# INSTRUCTIONS FOR THE TASK
Within the material that follows, how many lines include the string "BLANCO"? Answer with the number and nothing more.

# RAW DATA
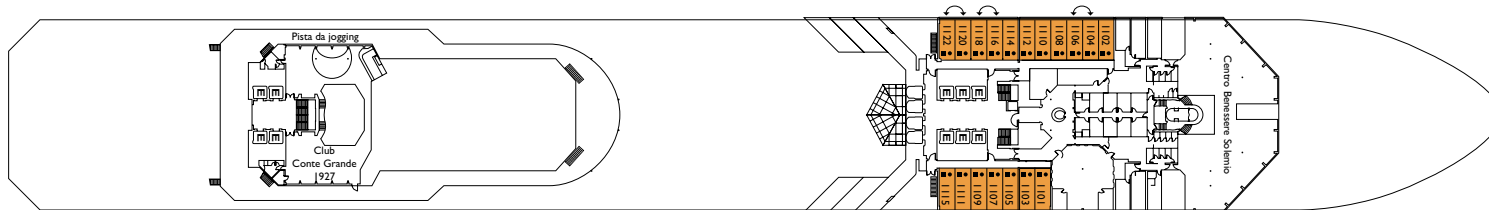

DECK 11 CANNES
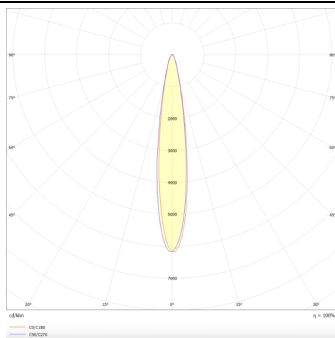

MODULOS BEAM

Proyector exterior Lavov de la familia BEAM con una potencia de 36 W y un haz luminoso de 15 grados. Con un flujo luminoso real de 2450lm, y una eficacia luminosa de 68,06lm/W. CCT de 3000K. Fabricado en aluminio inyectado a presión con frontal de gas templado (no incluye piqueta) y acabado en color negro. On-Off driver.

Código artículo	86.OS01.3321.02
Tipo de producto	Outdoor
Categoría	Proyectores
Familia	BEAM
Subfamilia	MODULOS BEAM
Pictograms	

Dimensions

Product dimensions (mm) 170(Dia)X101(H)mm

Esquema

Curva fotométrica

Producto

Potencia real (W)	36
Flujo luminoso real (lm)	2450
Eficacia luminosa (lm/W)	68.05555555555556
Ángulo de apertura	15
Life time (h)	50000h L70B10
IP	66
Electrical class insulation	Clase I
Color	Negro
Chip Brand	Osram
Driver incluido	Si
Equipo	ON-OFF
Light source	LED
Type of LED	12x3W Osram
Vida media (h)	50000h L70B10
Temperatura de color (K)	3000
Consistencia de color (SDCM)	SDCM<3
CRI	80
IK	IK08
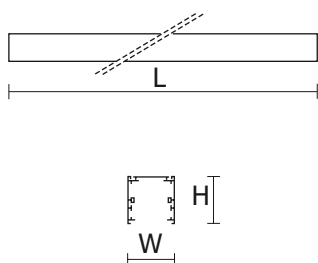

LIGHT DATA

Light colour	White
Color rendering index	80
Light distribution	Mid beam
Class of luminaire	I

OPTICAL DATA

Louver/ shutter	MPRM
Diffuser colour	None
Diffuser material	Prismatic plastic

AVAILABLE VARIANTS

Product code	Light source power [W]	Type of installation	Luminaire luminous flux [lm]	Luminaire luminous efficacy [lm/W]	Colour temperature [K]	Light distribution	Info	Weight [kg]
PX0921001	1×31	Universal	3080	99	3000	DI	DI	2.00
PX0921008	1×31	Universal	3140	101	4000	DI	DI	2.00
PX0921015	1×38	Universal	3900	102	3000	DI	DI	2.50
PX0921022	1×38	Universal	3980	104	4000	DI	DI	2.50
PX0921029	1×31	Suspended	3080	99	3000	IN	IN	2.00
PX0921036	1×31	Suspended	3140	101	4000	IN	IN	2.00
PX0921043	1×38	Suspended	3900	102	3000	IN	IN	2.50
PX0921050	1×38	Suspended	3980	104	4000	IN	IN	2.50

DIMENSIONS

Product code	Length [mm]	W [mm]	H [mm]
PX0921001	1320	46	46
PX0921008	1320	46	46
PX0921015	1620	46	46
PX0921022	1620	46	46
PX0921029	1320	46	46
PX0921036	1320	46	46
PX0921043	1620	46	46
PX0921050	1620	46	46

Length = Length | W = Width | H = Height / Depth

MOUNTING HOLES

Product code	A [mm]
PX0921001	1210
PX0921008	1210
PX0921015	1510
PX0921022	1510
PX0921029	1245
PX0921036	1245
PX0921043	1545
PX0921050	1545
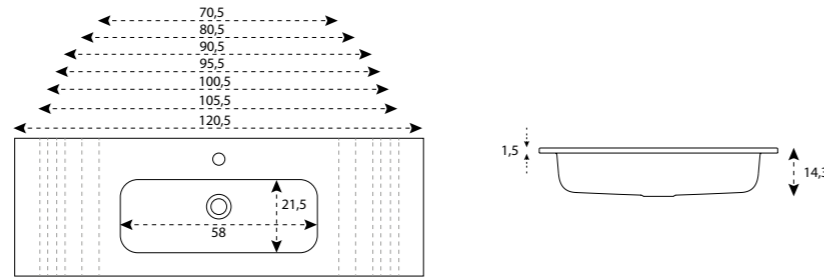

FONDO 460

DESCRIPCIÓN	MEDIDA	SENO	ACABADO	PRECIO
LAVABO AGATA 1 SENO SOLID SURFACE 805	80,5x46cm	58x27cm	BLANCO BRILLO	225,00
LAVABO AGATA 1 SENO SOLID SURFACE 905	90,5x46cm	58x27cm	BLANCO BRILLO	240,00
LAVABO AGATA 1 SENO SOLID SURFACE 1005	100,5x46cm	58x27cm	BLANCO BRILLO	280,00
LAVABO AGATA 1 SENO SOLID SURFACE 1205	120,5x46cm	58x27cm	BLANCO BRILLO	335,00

# TASK ANSWER
4